Se non sapete chi è Lupo Solitario, non avete vissuto gli anni '80. La saga di Librogame scritta da Joe Dever è una delle migliori e più caratterizzanti di questo "genere" dato per estinto, ed ha appassionato intere generazioni, che ancora ricordano i pomeriggi passati a scegliere le Arti Ramas con cui affrontare le avventure e ad ululare dietro alla (odiatissima) Tabella del Destino.
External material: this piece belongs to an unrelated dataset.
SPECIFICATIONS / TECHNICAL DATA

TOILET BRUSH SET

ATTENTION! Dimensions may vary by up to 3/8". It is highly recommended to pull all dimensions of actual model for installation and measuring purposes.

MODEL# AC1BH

Fatevi un favore, quindi, e rimediate: il prossimo 12 dicembre uscirà la ristampa del primo volume (I Signori Delle Tenebre), con sovracoperta a colori ed un in formato "di spessore".
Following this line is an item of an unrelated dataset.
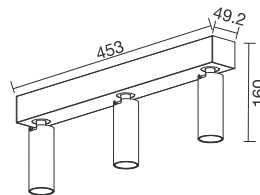

TECH. DRAWING size in mm

C'è anche il caso che non sappiate proprio cos'è un Librogame: e allora sarà un po' difficile trasmettervi l'entusiasmo per il progetto del team italiano Forge Reply, che pubblica su App Store e dispositivo Android il primo dei quattro atti di Joe Dever's Lone Wolf, titolo che vuole tradurre in linguaggio videoludico l'immaginario e le sensazioni che l'autore inglese fu così bravo a creare.
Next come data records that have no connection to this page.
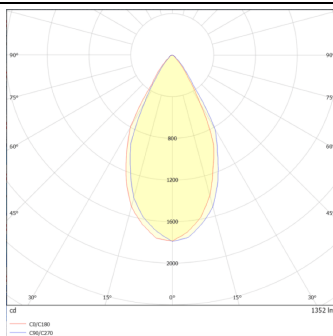

DOWNT

DOWNT is a wall light with round design emitting light downwards. With a size of Ø100mmx195mm and a power of 18W, has a reflector with 55 degrees beam angle. With a real lumen output of 1432lm, and an efficiency of 79.56lm/W. Is made in Die Cast Aluminium Body, Tempered Glass Cover and has an IP65 and an IK10 degree of protection. ON-OFF driver. Finished in Grey color.

Scheme

Photometry

Item code	86.OW08.3341.03
Product type	Outdoor
Category	Wall Light
Family	DOWNT
Pictograms	

Product

Real power (W)	18
Real luminous flux (Lm)	1432
Luminous efficiency (Lm/W)	79.56
Beam angle (°)	55
Life time (h)	50000h L70B10
IP	65
Electrical class insulation	Class I
Colour	Grey
Chip Brand	NICHIA
Control gear included	Yes
Control gear	ON-OFF
Colour temperature (K)	3000
Colour consistency (SDCM)	SDCM<3
CRI	80
IK	IK10
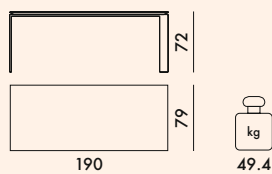

4523

4503
Soft touch

Ma badate bene: qui non si tratta di un "GameBook" in formato digitale, solo da leggere e da sfogliare. I lineamenti del progetto sono ben diversi, le ambizioni finalmente maggiori. L'idea è infatti quella di lavorare direttamente sull'IP per ammodernarla un po', recuperando il fascino dell'ambientazione e dei personaggi, ma spingendosi oltre sia dal punto di vista artistico che sul fronte ludico. Da una parte, quindi, artwork evocativi ed uno stile molto più vicino ai canoni di un Dark Fantasy di matrice europea, dall'altra uno svolgimento che mescoli sessioni narrative con combattimenti da RPG in tempo reale.
Il risultato è, lo diciamo senza timor di smentita, uno dei migliori titoli mobile degli ultimi anni: avvincente, originale, impegnativo, Lone Wolf conia un genere tutto suo, e ci rende decisamente fieri del lavoro di un team tutto italiano.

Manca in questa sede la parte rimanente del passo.